(EXERCISE) Copy out the data below from the line containing "# 11835 OLYMPIC" to the line containing "Arrange background graphics, images", both lines included, with all images left out.

(Items from a data source)
┌────────

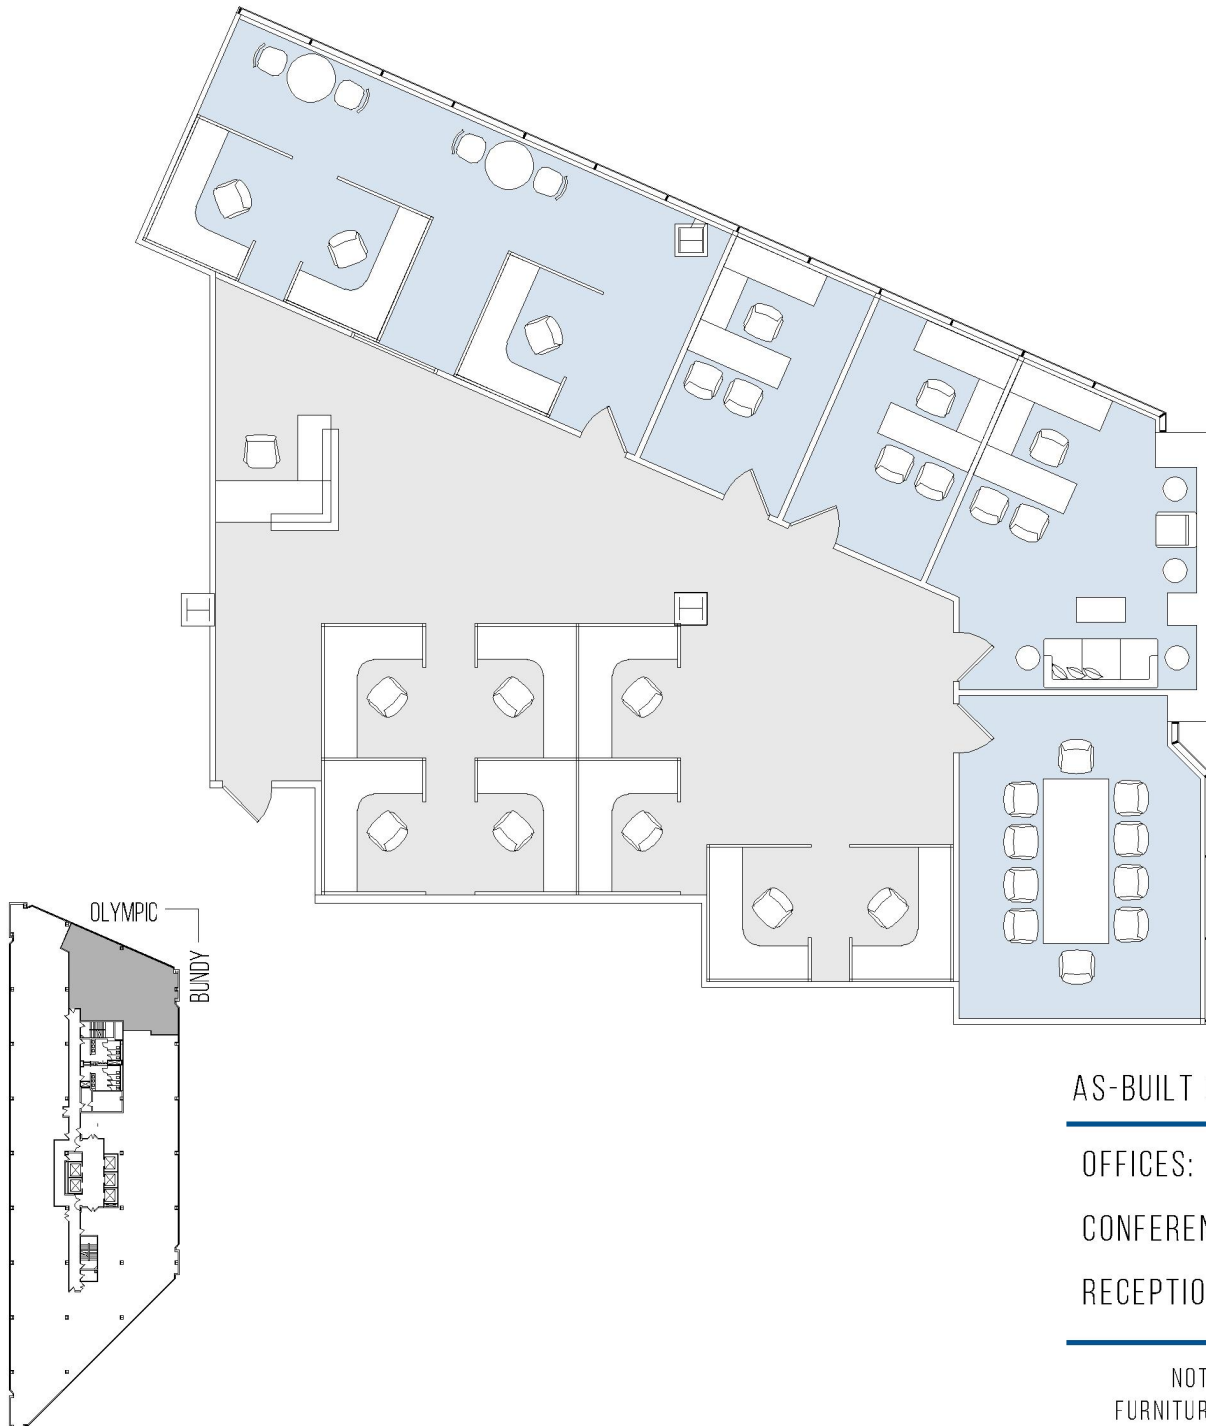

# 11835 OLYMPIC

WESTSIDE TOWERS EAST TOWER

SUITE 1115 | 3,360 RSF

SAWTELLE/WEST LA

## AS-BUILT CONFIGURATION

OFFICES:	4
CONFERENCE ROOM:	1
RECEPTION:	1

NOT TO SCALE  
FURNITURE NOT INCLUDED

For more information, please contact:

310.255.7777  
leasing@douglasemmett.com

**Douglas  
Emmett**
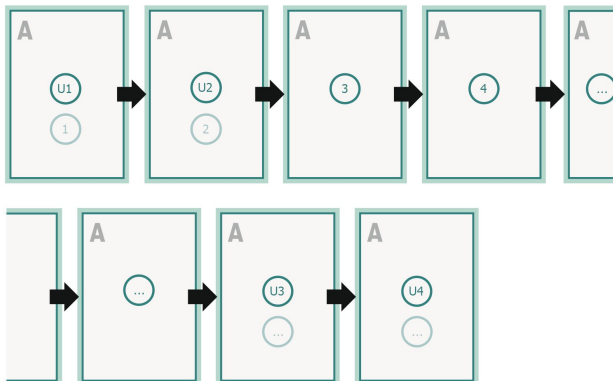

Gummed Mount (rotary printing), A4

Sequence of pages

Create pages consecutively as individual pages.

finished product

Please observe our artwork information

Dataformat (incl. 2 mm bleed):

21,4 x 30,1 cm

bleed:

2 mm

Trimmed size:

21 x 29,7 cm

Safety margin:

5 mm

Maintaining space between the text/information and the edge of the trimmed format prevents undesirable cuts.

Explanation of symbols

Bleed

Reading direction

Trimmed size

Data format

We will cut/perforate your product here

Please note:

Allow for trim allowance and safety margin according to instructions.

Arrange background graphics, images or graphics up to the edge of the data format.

└────────
┌────────

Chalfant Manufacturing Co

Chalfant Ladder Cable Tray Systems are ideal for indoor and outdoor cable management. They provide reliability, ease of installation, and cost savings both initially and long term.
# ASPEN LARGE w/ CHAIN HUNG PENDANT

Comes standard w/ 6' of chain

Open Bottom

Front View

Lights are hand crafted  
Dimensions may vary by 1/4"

└────────

(SOLUTION BELOW)
# 11835 OLYMPIC

WESTSIDE TOWERS EAST TOWER

SUITE 1115 | 3,360 RSF

SAWTELLE/WEST LA

## AS-BUILT CONFIGURATION

OFFICES:	4
CONFERENCE ROOM:	1
RECEPTION:	1

NOT TO SCALE  
FURNITURE NOT INCLUDED

For more information, please contact:

310.255.7777  
leasing@douglasemmett.com

**Douglas  
Emmett**

Gummed Mount (rotary printing), A4

Sequence of pages

Create pages consecutively as individual pages.

finished product

Please observe our artwork information

Dataformat (incl. 2 mm bleed):

21,4 x 30,1 cm

bleed:

2 mm

Trimmed size:

21 x 29,7 cm

Safety margin:

5 mm

Maintaining space between the text/information and the edge of the trimmed format prevents undesirable cuts.

Explanation of symbols

Bleed

Reading direction

Trimmed size

Data format

We will cut/perforate your product here

Please note:

Allow for trim allowance and safety margin according to instructions.

Arrange background graphics, images or graphics up to the edge of the data format.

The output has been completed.